## [ASSIGNMENT]
Using the entries that follow, give only the number of lines with the word "Texas" in them.

-----

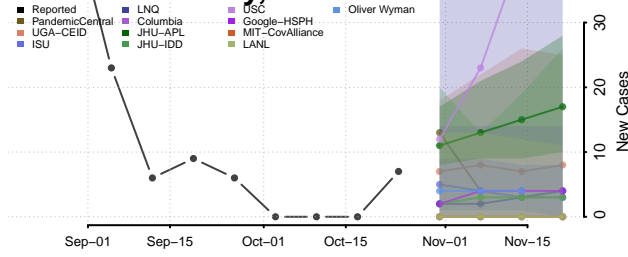

Lavaca County, Texas

Lee County, Texas

Leon County, Texas

Liberty County, Texas

Limestone County, Texas

Lipscomb County, Texas

Live Oak County, Texas

Llano County, Texas
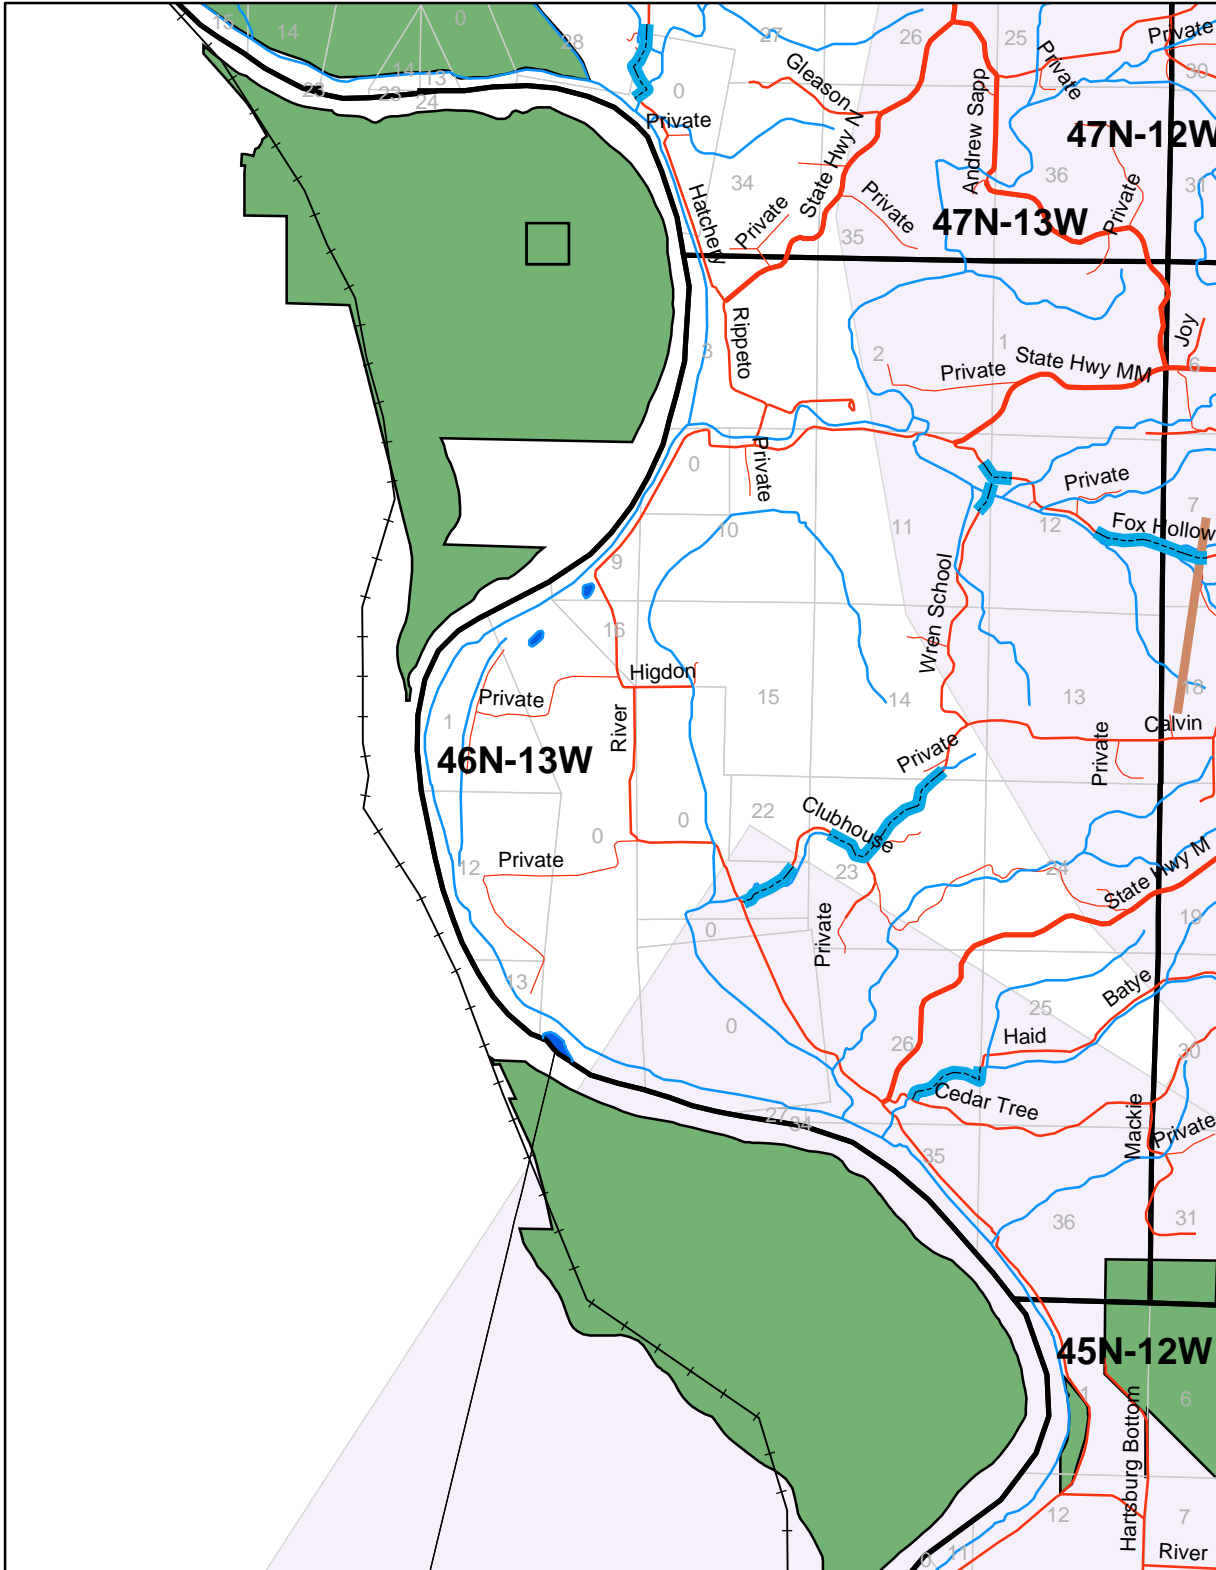

Boone County

Legend

- mo_VOR
- Railroads
- Radio Towers**
- Unknown
- TYPE**
- broadcast
- cable
- cell
- radio
- School_Buildings
- Fire_Stations
- City Boundary
- MDC
- <all other values>
- TYPE**
- County Rd
- County Rd Paved
- Interstate
- Private
- State Hwy
- U S Hwy
- MUproperties
- moDNR
- Earth Quake Faults
- County Boundaries
- Floodable Roads
- Airports
- mo_airspace700
- moUSFS

by David Larsen KC0SVH
July 11, 2005
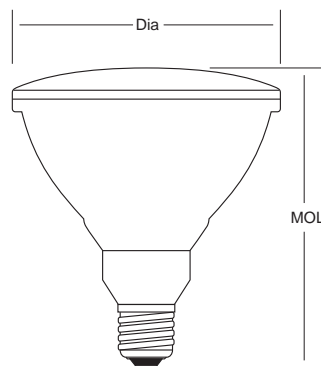

* Items only available for special orders

All measurements are shown in inches unless noted

PAR38
E26 Base
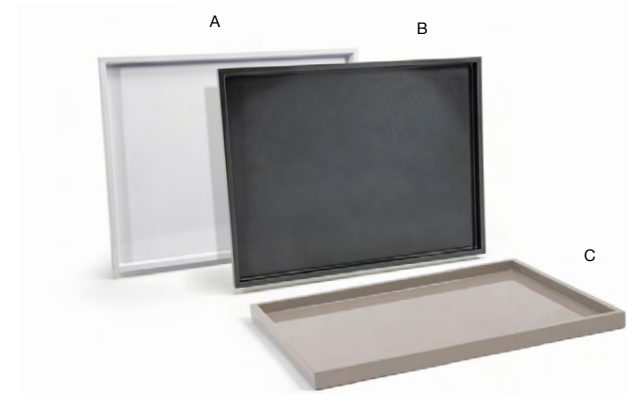

TRAY OPTIONS - LARGEST TO SMALLEST

- **A 16.75" x 13" New York Tray - Snow** pack 4 **RRT026WHW21**
  16.75 x 13 x .75 in | 42.6 x 33 x 2.2 cm
- **B 16.75" x 13" New York Tray - Onyx** pack 4 **RRT026BKW21**
  16.75 x 13 x .75 in | 42.6 x 33 x 2.2 cm
- **C 16.75" x 13" New York Tray - Stone** pack 4 **RRT026BEW21**
  16.75 x 13 x .75 in | 42.6 x 33 x 2.2 cm

- **16" x 12.75" Sumatra Handled Tray - Graphite**
  16 x 12.75 x 1.25 in | 40.5 x 32.5 x 3 cm
  pack 2
  RRT012BRL20
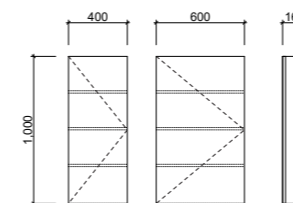

02.

SHAVING CABINETS

AVAILABILITY CHART

[01.] Jazz Shaving Cabinet 600mm | SJ60 | \$879 each Jazz Platinum Shaving Cabinet 600mm | SJ60/p | \$933 each [02.] Jazz Shaving Cabinet 400mm | SJ40 | \$756 each Jazz Platinum Shaving Cabinet 400mm | SJ40/p | \$820 each [Please refer to price lists pages for all available options.]
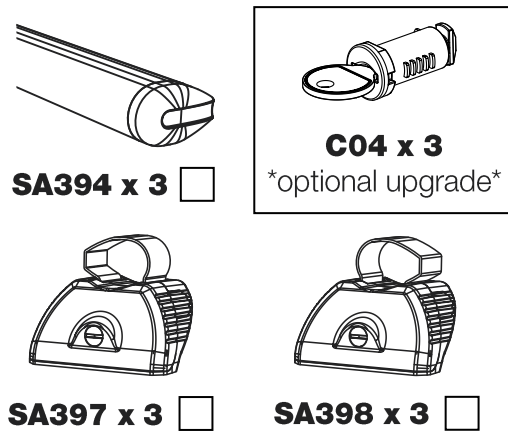

KammBar

Instructions

CITY CRASH (✓)

According to ISO/ PAS 11154:2006

KammBar Pro

KammBar Fleet

Fitting Kit

1.
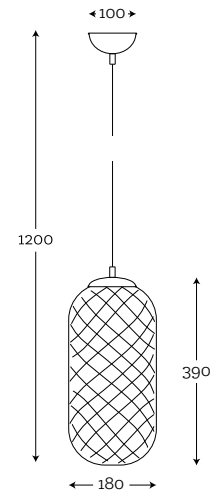

**GRAY LISTER OPTIC
BRASS**

Code: 35-1303001

**TRANSPARENT OPTIC
STAINLESS STEEL**

Code: 35-1201001

**SET OF 3 GRAY / TRANSPARENT / BROWN
OPTIC LISTER**

Code: 35-3822001

Material: hand-blown glass painted by hand, copper / brass / stainless steel
Maximum bulb wattage: 60W, 1×E27

SHADE DIMENSION:

diameter top: 22 cm
diameter bottom: 45 cm
height: 80 cm

MODEL:

A042: white shade / white inside

SHADE DIMENSION:

diameter top: 25 cm
diameter bottom: 40 cm
height: 60 cm

MODEL:

A036: black shade / white inside

-----

## [WORKED SOLUTION]
8